- **DIRECTIONS FOR THIS TASK**
Write the lines below out exactly, dropping each picture.

- **DATA SUPPLIED**
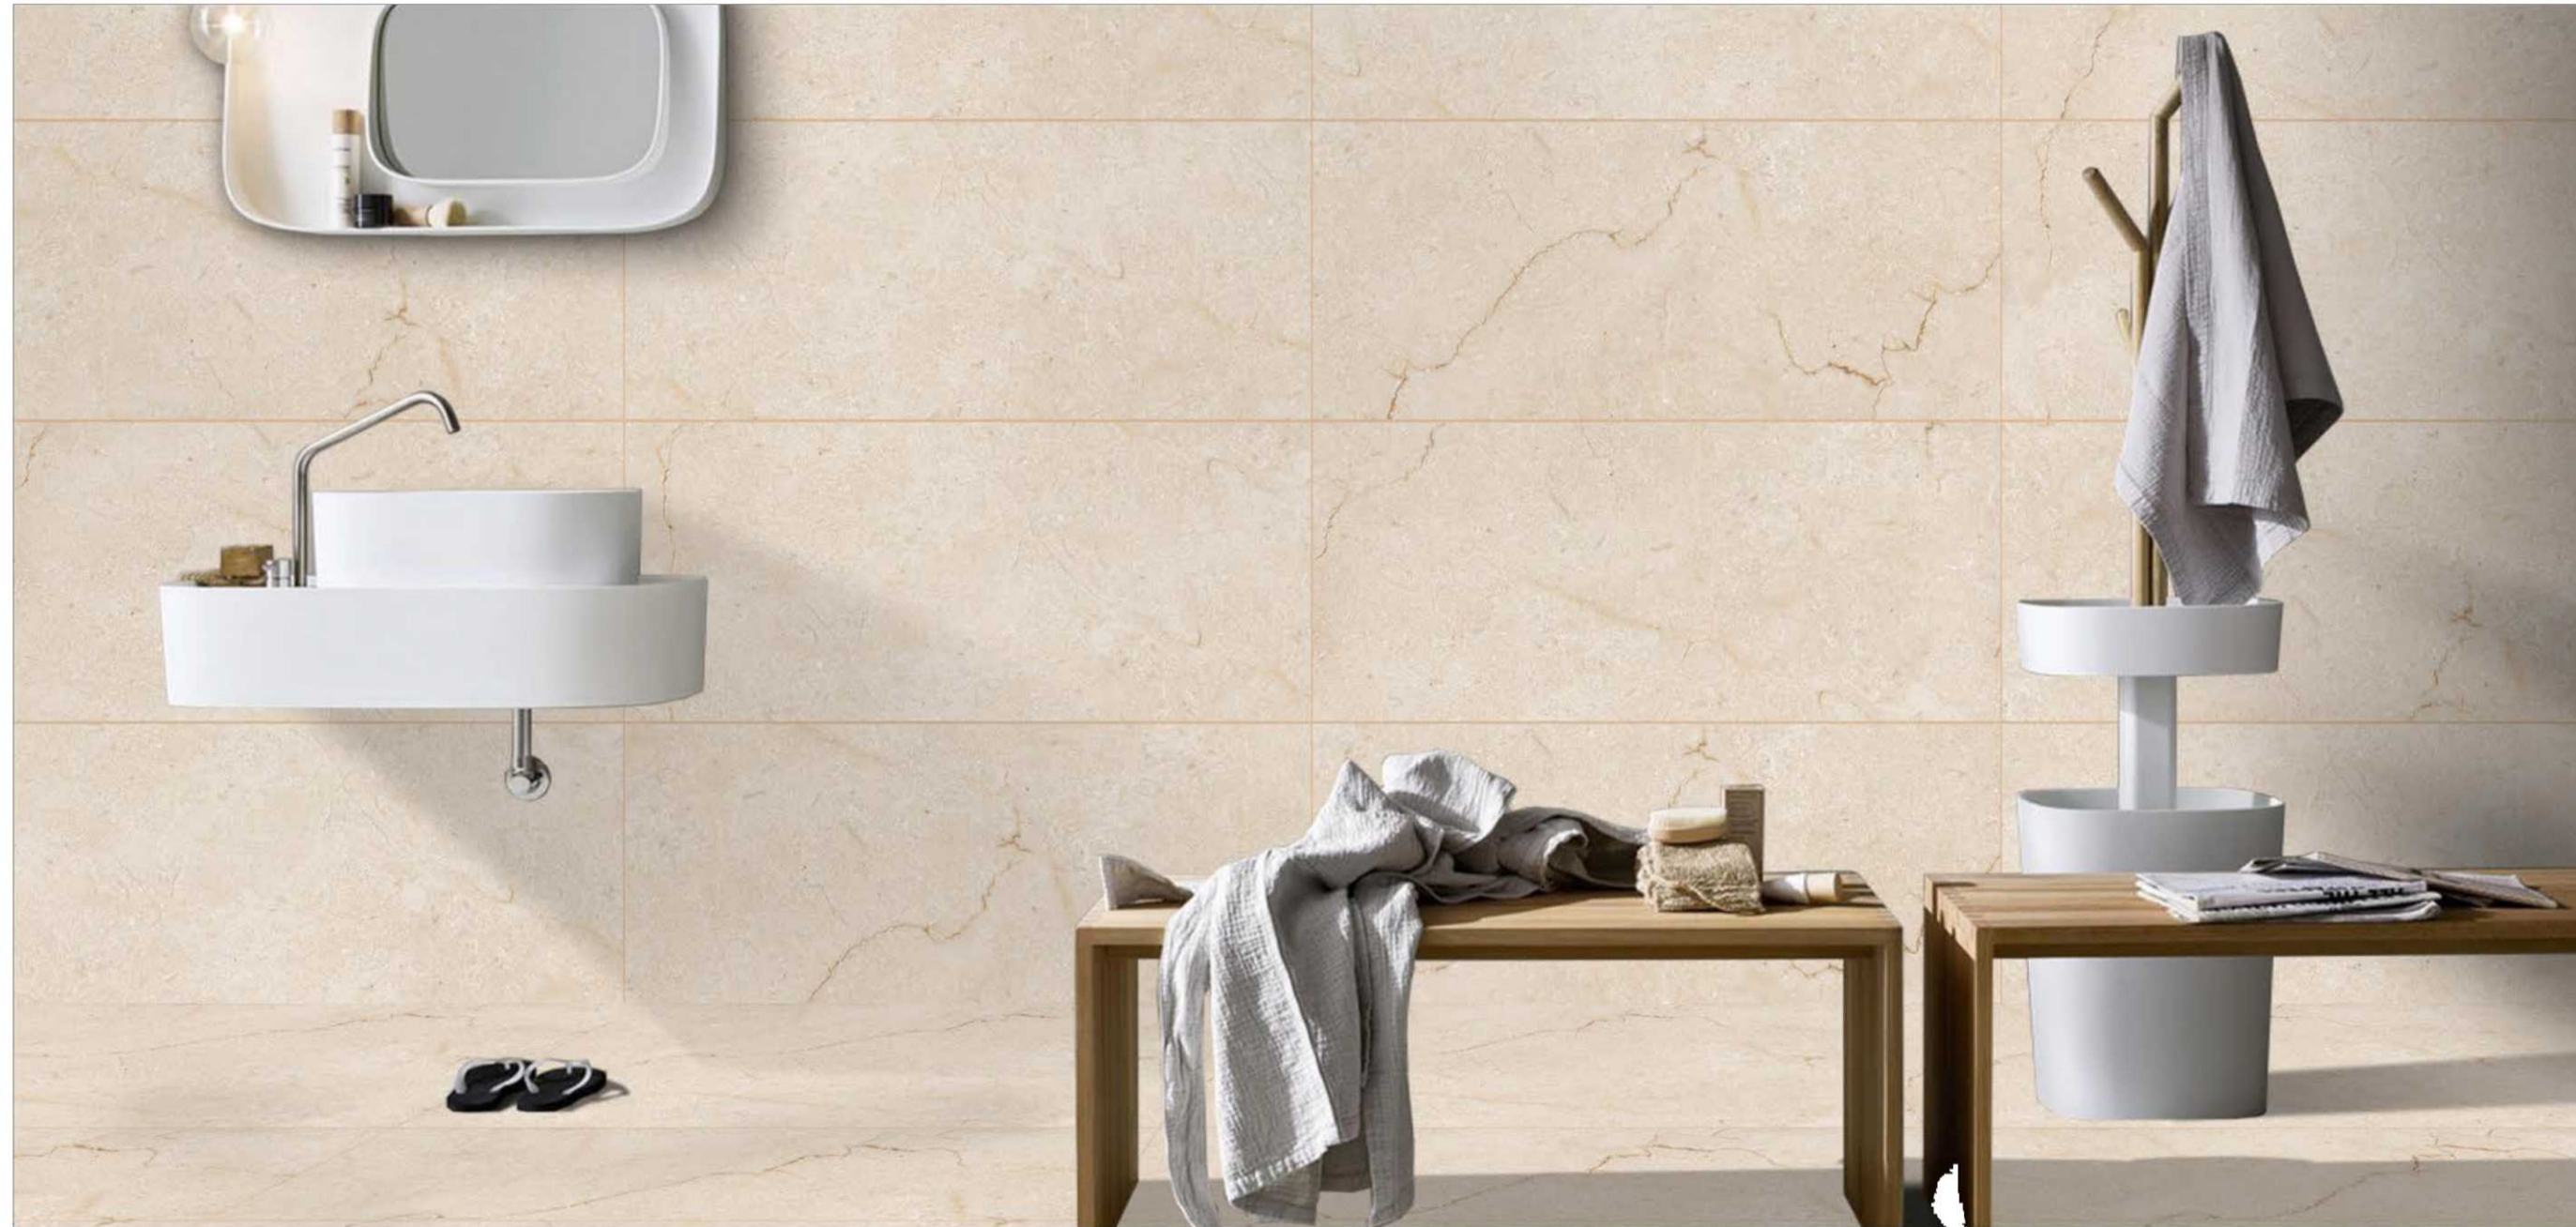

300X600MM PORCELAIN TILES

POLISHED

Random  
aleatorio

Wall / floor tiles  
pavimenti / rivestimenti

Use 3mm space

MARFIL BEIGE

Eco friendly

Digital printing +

- **EXPECTED ANSWER**
300X600MM PORCELAIN TILES

POLISHED

Random  
aleatorio

Wall / floor tiles  
pavimenti / rivestimenti

Use 3mm space

MARFIL BEIGE

Eco friendly

Digital printing +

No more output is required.